WHAT YOU HAVE TO DO: Scan the records below for the line containing "TFT Graphic Interface" and the line containing "Configuration". Copy both, plus every line between, exactly.

Records from a dataset:
>>>

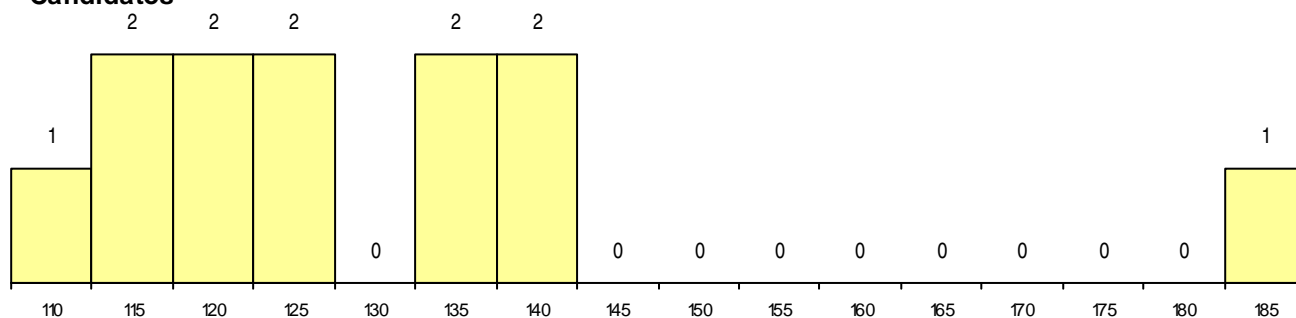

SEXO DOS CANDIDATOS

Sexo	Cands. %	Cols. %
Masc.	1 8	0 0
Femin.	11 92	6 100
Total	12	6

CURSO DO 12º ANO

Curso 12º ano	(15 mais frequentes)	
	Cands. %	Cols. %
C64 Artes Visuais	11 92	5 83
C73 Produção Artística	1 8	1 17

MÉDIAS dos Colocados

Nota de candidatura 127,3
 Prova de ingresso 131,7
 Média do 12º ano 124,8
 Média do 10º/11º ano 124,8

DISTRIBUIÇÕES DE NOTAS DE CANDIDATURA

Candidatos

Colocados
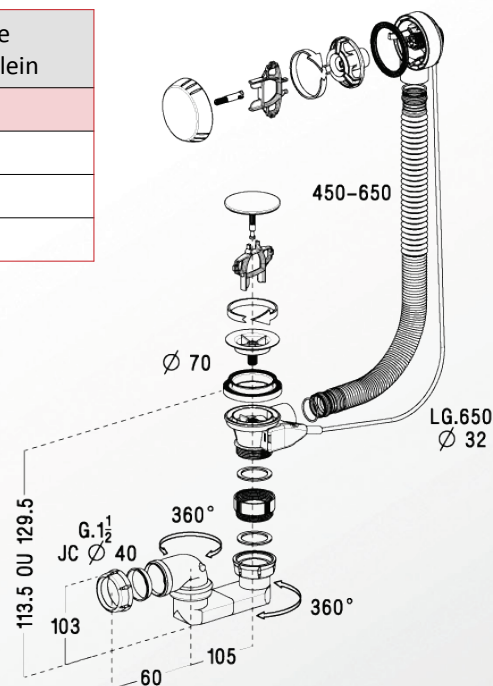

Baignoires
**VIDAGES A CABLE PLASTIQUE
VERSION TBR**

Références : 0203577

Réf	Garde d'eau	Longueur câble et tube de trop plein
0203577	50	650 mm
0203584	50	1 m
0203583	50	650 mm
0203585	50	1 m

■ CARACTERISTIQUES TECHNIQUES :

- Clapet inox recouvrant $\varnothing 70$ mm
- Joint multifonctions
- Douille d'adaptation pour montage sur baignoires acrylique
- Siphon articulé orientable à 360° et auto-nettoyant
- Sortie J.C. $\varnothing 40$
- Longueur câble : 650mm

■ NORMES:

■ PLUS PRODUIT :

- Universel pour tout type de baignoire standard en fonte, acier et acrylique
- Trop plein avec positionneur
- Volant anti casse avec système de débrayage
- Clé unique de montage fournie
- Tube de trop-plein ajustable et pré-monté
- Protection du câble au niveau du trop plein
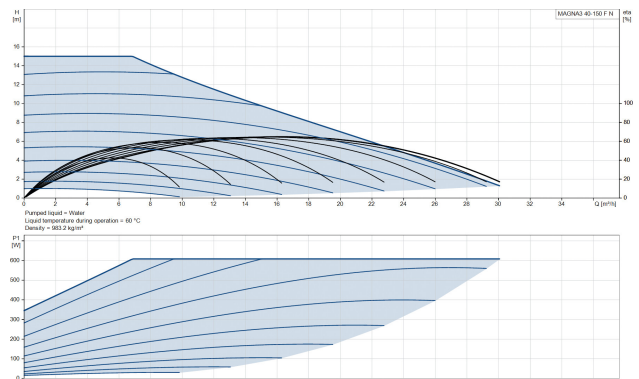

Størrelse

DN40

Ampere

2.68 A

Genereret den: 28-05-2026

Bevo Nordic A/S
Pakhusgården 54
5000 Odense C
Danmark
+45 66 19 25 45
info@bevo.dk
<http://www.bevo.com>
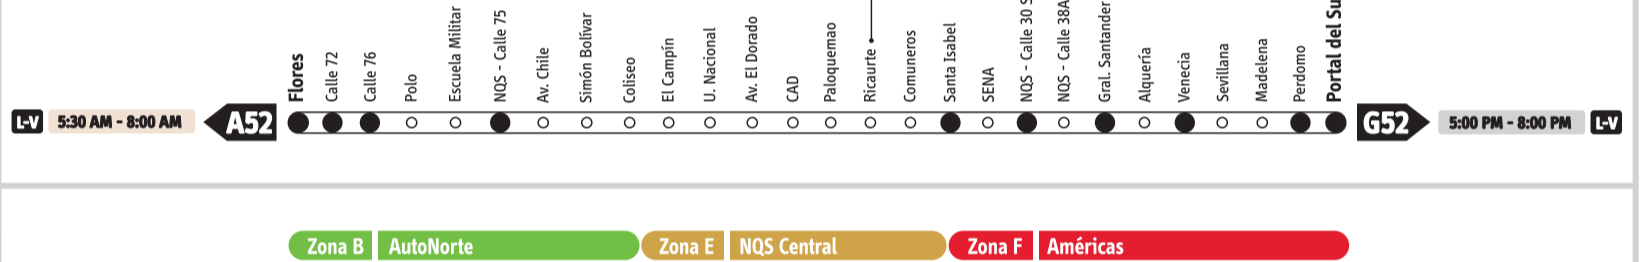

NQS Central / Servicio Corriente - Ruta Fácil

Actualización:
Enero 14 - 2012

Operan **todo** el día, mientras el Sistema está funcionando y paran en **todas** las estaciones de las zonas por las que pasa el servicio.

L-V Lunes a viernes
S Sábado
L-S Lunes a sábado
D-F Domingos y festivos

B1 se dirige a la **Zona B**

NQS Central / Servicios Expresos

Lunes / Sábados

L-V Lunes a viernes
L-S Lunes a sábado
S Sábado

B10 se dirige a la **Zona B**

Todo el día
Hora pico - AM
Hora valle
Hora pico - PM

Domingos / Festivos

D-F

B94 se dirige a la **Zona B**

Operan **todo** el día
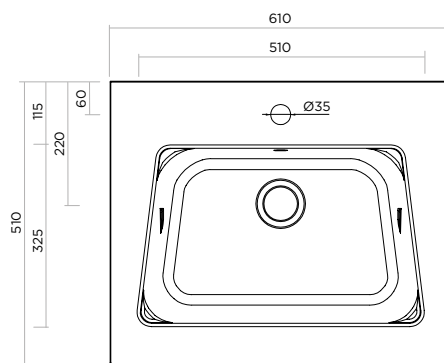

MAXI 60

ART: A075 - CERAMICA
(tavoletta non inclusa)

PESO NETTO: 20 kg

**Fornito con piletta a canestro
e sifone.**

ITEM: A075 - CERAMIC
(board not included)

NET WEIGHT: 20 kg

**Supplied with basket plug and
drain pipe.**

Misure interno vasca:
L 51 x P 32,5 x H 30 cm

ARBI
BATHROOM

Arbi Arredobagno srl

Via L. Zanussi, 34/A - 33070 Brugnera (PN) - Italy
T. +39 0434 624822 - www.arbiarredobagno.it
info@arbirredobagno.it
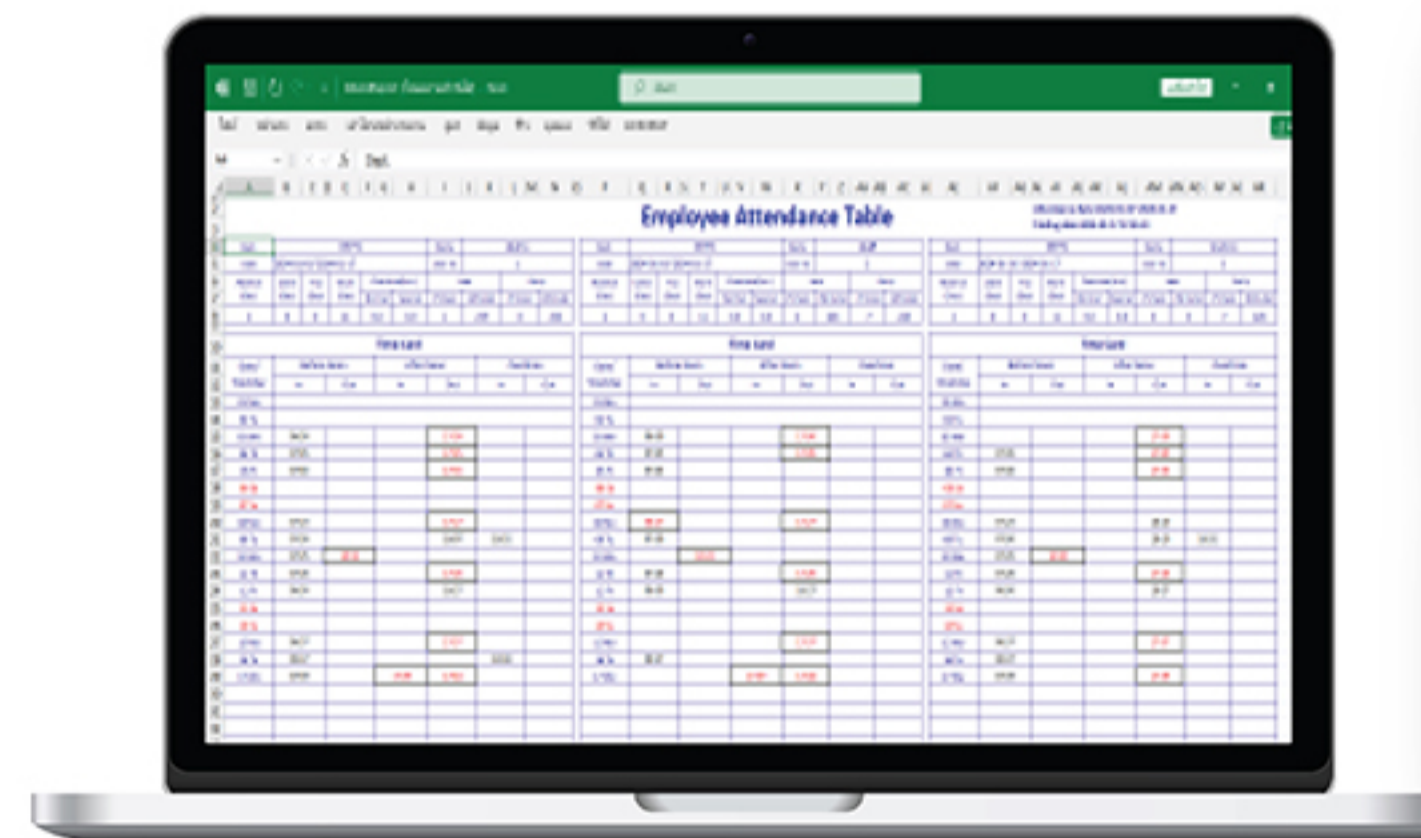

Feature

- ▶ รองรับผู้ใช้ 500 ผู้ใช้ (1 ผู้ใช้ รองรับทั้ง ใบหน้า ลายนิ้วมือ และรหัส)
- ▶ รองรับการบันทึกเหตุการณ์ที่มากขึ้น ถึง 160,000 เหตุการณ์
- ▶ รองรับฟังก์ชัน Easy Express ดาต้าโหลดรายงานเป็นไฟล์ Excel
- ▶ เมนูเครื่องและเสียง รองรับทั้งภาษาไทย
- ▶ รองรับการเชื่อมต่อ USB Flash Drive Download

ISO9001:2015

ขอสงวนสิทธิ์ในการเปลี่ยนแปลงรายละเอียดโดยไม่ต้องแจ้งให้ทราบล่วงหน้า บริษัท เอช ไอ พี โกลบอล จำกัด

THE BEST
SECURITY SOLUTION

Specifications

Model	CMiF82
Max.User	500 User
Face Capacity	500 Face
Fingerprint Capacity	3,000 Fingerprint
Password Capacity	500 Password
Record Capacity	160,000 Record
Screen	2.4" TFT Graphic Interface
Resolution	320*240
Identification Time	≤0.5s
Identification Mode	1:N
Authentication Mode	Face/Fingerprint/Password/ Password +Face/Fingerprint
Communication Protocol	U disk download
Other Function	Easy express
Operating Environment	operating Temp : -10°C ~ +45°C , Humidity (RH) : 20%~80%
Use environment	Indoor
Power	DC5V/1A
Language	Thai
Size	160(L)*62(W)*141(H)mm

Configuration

<<<
>>>

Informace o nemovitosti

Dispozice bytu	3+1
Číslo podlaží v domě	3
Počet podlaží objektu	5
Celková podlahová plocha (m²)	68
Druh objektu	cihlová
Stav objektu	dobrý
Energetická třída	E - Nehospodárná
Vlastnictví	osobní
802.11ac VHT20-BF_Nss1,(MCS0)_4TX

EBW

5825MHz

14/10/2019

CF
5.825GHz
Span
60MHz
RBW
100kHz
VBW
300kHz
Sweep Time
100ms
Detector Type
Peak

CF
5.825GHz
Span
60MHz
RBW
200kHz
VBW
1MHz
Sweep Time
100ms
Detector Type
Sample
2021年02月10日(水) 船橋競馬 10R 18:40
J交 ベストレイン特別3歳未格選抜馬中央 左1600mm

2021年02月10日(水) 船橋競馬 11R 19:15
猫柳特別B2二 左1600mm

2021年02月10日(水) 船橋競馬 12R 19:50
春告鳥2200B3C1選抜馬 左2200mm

<<<
>>>

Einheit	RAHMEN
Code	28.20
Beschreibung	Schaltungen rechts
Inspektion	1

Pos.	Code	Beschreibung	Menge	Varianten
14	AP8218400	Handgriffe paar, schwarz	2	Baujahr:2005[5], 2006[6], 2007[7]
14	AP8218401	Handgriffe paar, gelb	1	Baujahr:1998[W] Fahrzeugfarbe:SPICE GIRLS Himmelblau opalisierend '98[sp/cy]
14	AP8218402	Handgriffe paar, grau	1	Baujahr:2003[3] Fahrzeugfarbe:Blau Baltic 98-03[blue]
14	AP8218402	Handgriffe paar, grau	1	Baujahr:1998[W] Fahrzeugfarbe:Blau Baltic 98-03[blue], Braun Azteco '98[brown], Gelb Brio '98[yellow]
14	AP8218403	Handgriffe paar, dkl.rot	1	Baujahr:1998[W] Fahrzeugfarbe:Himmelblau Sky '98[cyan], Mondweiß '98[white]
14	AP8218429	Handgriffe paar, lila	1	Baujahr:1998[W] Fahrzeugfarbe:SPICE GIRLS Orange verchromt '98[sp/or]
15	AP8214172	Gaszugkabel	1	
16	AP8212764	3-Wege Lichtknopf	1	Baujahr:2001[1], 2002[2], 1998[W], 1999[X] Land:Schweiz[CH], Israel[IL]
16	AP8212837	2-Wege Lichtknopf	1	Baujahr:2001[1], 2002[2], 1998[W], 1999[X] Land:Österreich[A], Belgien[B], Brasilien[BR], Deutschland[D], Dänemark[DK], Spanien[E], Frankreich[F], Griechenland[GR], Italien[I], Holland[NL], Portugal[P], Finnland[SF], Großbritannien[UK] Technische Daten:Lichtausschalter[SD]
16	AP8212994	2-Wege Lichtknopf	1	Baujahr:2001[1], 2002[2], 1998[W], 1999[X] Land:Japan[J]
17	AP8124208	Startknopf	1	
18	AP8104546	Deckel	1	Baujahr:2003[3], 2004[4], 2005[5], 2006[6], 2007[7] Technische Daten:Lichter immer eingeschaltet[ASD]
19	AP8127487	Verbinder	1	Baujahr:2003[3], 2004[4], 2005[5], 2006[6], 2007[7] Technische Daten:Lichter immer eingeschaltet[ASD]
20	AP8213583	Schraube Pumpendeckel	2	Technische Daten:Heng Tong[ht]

<<<

SOLVED PROBLEM:
Screen	2.4" TFT Graphic Interface
Resolution	320*240
Identification Time	≤0.5s
Identification Mode	1:N
Authentication Mode	Face/Fingerprint/Password/ Password +Face/Fingerprint
Communication Protocol	U disk download
Other Function	Easy express
Operating Environment	operating Temp : -10°C ~ +45°C , Humidity (RH) : 20%~80%
Use environment	Indoor
Power	DC5V/1A
Language	Thai
Size	160(L)*62(W)*141(H)mm

Configuration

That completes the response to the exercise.